Repeat what the lines below say, word for word, and skip every image.

:: DATA RECORDS ::

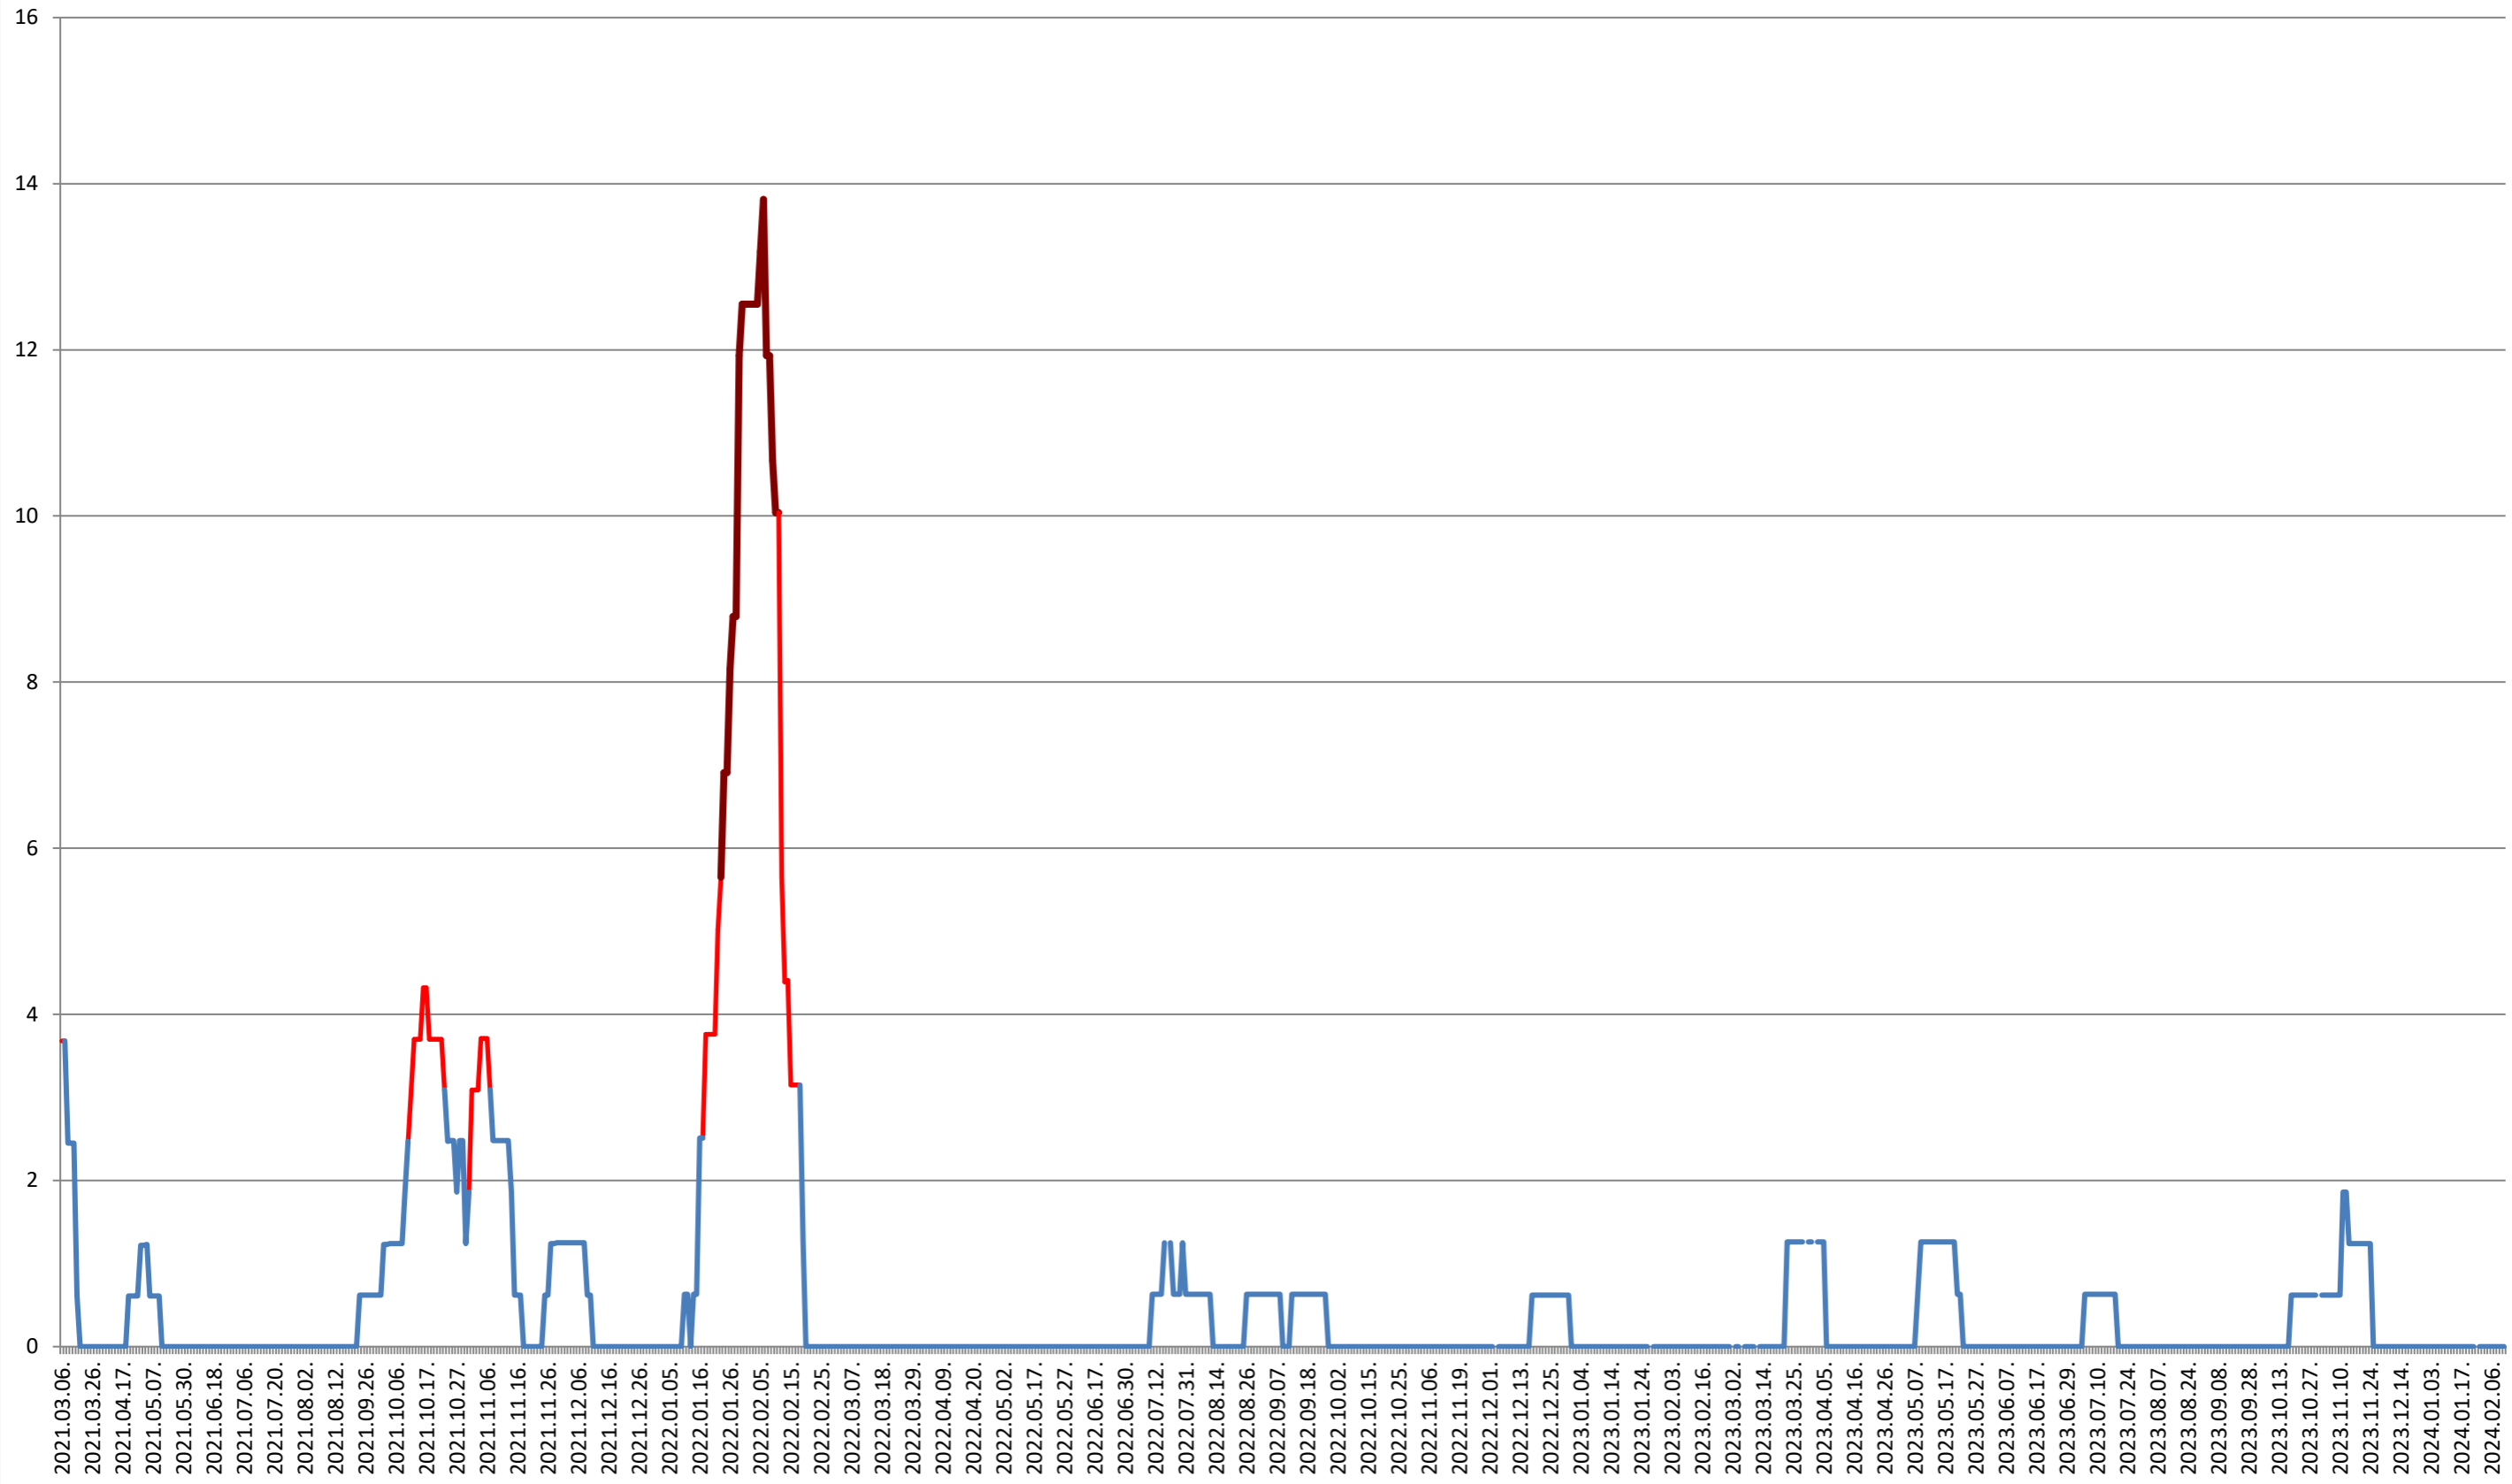

RACU - Evolutia incidentei cumulate pe 14 zile la ‰ de locuitori 2021.03.07. - 2024.02.13.
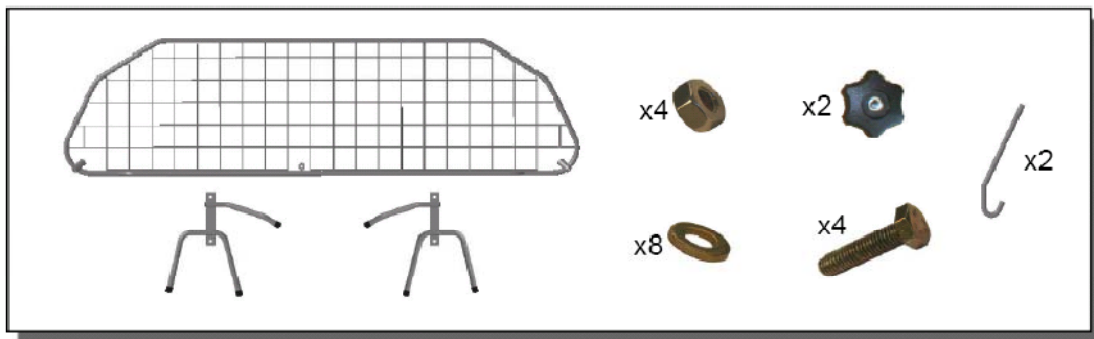

MERCEDES C CLASS ESTATE

DOG GUARD / GRILLE PROTECTRICE POUR CHIEN / HUNDEGITTER /
RIPARO PER CANI / DEFENSA PARA PERROS / HONDEREK

MERCEDES C CLASS ESTATE

DOG GUARD / GRILLE PROTECTRICE POUR CHIEN / HUNDEGITTER /
RIPARO PER CANI / DEFENSA PARA PERROS / HONDEREK

:::

◆ ANSWER BOX:
RACU - Evolutia incidentei cumulate pe 14 zile la ‰ de locuitori 2021.03.07. - 2024.02.13.

MERCEDES C CLASS ESTATE

DOG GUARD / GRILLE PROTECTRICE POUR CHIEN / HUNDEGITTER /
RIPARO PER CANI / DEFENSA PARA PERROS / HONDEREK

MERCEDES C CLASS ESTATE

DOG GUARD / GRILLE PROTECTRICE POUR CHIEN / HUNDEGITTER /
RIPARO PER CANI / DEFENSA PARA PERROS / HONDEREK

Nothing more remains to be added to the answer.